Cosmopolitics and The Commons | Education Ouverte et Libre - Open Education
flavoursofopenscience's bookmarks 2025-06-16
Summary:
Farrow, R. (2025). Cosmopolitics and The Commons. Education Ouverte Et Libre - Open Education, (3). https://doi.org/10.52612/journals/eol-oe.2025.e1632
Who is open education for, and where might it ultimately lead us? This paper examines social and political dimensions of open education with a focus on the concept of cosmopolitanism and cosmopolitics. After providing an outline of open education, I proceed by critically examining the commonly held policy position that ‘publicly funded should mean openly licenced’, arguing that it implies a form of ‘weak’ moral cosmopolitanism. I describe ‘global citizenship’ and show its relevance to coordination in the efforts of open education through a commons supported by open licences. Tensions are surfaced between the universalist perspectives of cosmopolitanism and the recent emphasis on political issues such as social justice, decolonization, equity, diversity and inclusion in open education research. To address these, I explore a concept of openness as ‘counter-enclosure’ and argue for the relevance of a cosmopolitical perspective on open education. I draw on Leonelli’s (2023) distinction between openness as sharing and openness as judicious connection in the context of open science. I use this as the basis of a framework which describes a cosmopolitical perspective on open education.

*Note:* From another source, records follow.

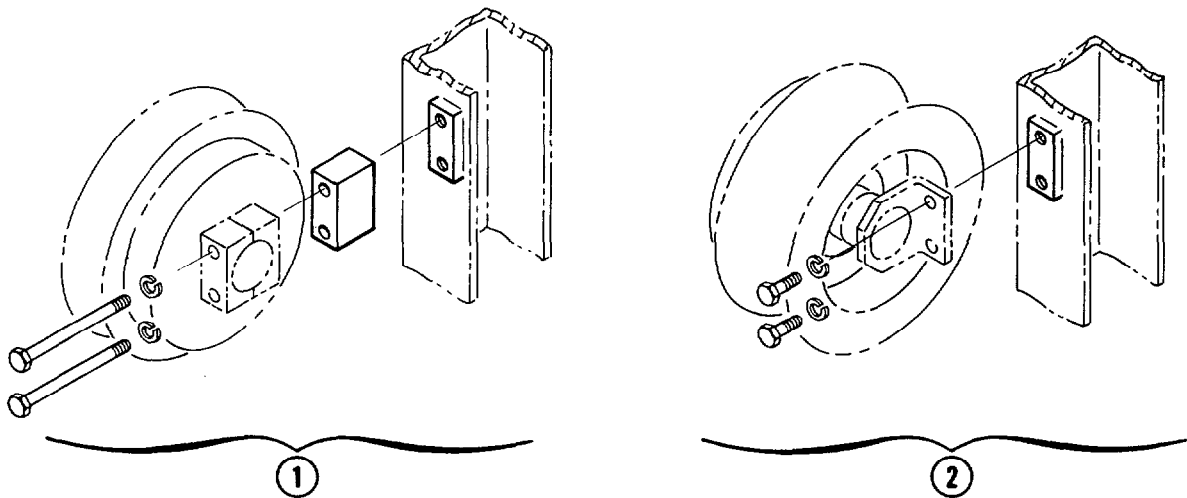

Reel Mounting Groups

REF	PART NO.	FOR USE ON REEL MODELS
1	629330	H1, H2, H4, H6, H8
2	615492	H3, H5

2708e-206/2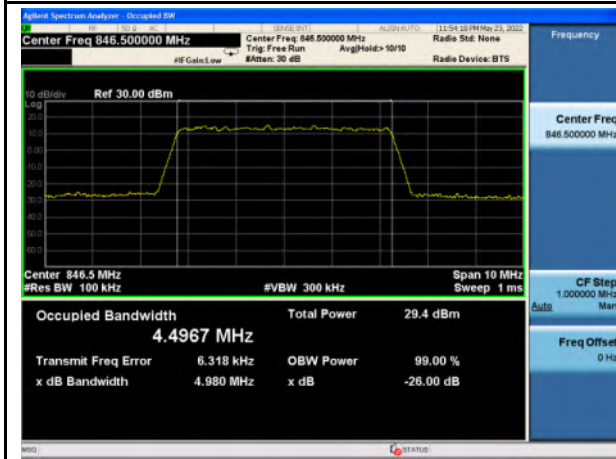

Band 5\_QPSK\_3M\_High\_Full RB Config

Band 5\_16-QAM\_3M\_High\_Full RB Config

Band 5\_QPSK\_5M\_Low\_Full RB Config

Band 5\_16-QAM\_5M\_Low\_Full RB Config

Band 5\_QPSK\_5M\_Mid\_Full RB Config

Band 5\_16-QAM\_5M\_Mid\_Full RB Config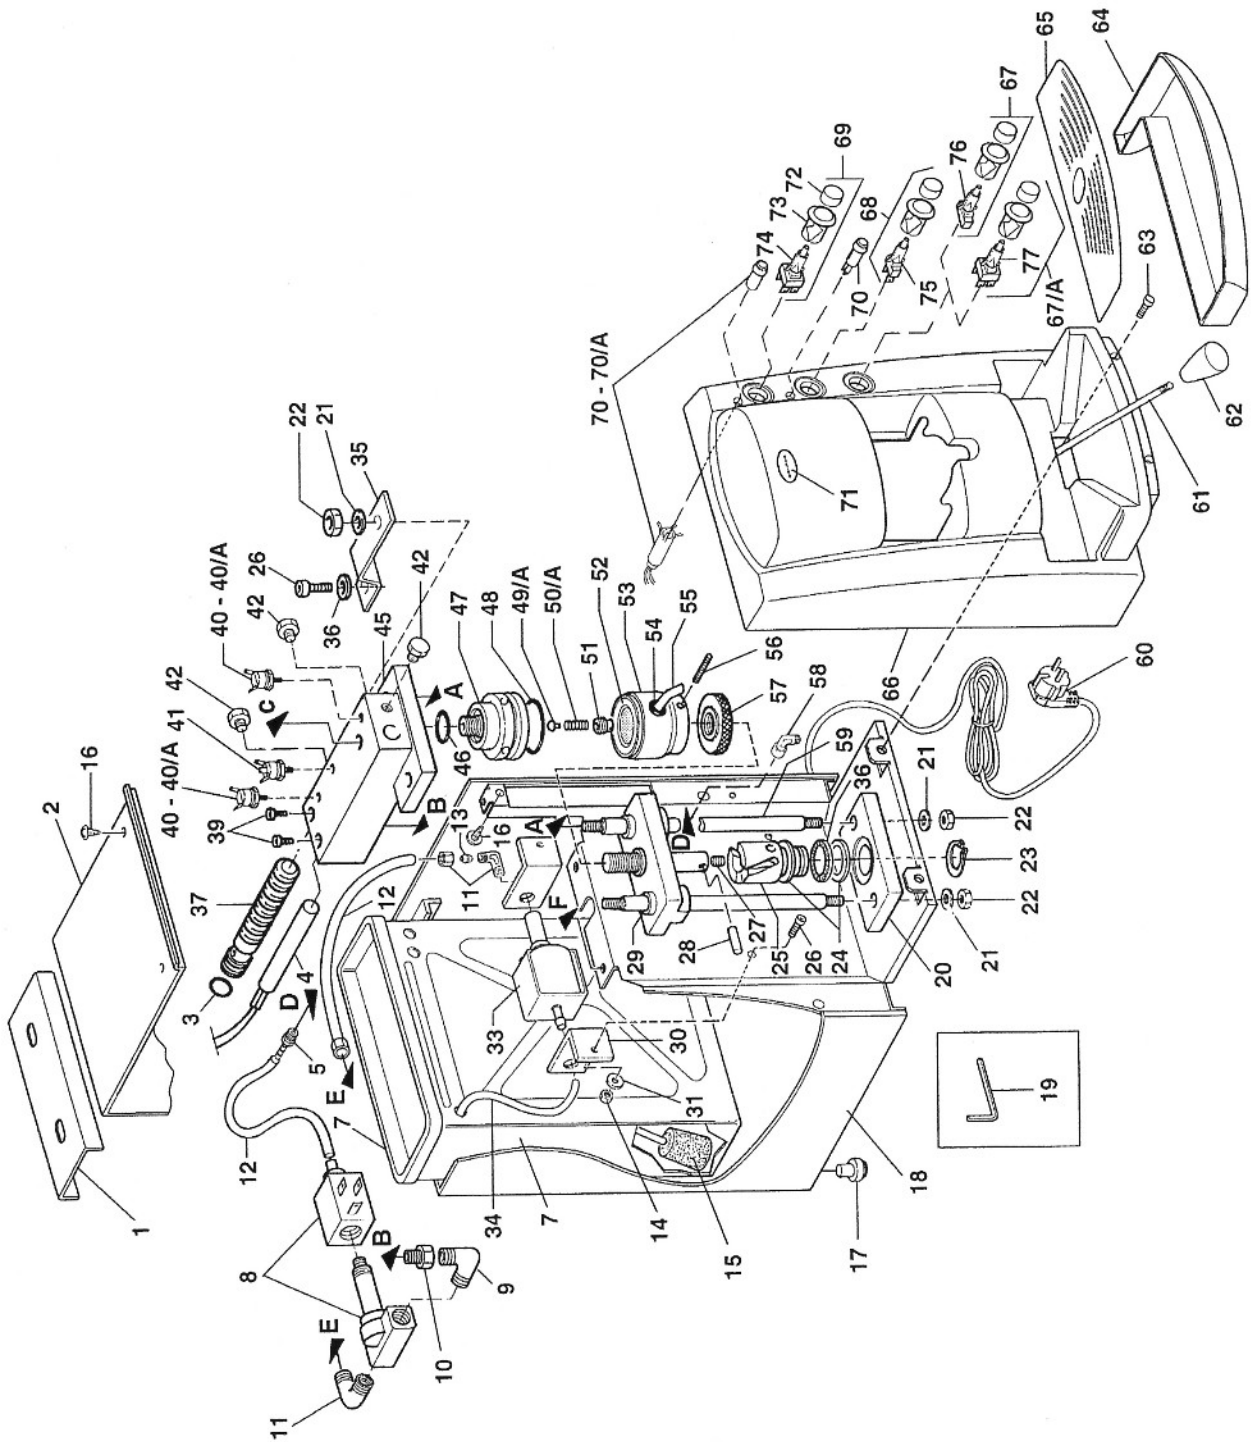

E-mail: info@grimac.net - web site: www.grimac.it

Series NUVOLA

ITEM	CODE	DESCRIPTION
1	MG506	NUVOLA UPPER MOBILE PANEL
2	MG505	NUVOLA FIXED UPPER PANEL
3	MG701	EXCHANGER VYTON O-RING
4	MG353 MG359	CARTRIDGE HEATING ELEMENT 500W 230V CARTRIDGE HEATING ELEMENT 500W 110V
5	MG163	1/8 RUBBER BUFFER HOLDER 0.6
7	MG018	3 LT. TANK
8	MG355 MG374	3-WAY SOLENOID VALVE 220 V 3-WAY SOLENOID VALVE V110/UL
9	MG702	1/8 M 1/8 M ELBOW
10	MG269	1/8 ADAPTOR x 1/8 BOILER
11	MG276	L-SHAPED UNION WITH 1/8 - 6 NOSE
12	MG155	SILICONE PIPE 7x4
13	MG277	STIFFENING SLEEVE 6x4
14	MG703	UNI 5587 FE P.G. 5 ZNT NUT
15	MG180/1	WATER OVER/SIZED SOFTNER
16	MG118	SELF-TAPPING SCREW - UNI 6954 3,5x9,5
17	MG704	RUBBER FOOT
18	MG500	PAINTED NUVOLA FRAME ASSEMBLY
20	MG057	LOWER ALUMINIUM FIXED SUPPORT
21	MG705	UNI 6593 8x24 BURNISHED WASHER
22	MG166	M8 LOW NUT SPANNER 13 - UNI 5589 FE P.G. 8 ZNT
23	MG245	STAINLESS STEEL E 25 SNAP RING
24	MG192/1	THRUST BEARING FIFTH WHEEL 25X42X1
25	MG55/1	BRASS CAMS
26	MG706	UNI 5931 M5x16/88 TCCE SCREW
27	MG244	BLACK DOWEL M6x10 STEI - UNI 5923 - 12.9
28	MG243	HARDENED PARALLEL PIN - DIN 6325 - 8X45
29	MG056	UPPER ALUMINIUM MOBILE SUPPORT CHANGED
30	MG225	L-SHAPED VIBRATION-DAMPING
31	MG143	5x20x1.5 WASHER

The discussion considers this framework in relation to recent developments in the commons: notably generative artificial intelligence which challenges long established notions of copyright and commoning. I suggest that positioning openness as an active practice of resisting privatisation - rather than merely a commitment to transparency or accessibility - open education functions as a site of political contestation rather than passive inclusion in neoliberal economies of knowledge.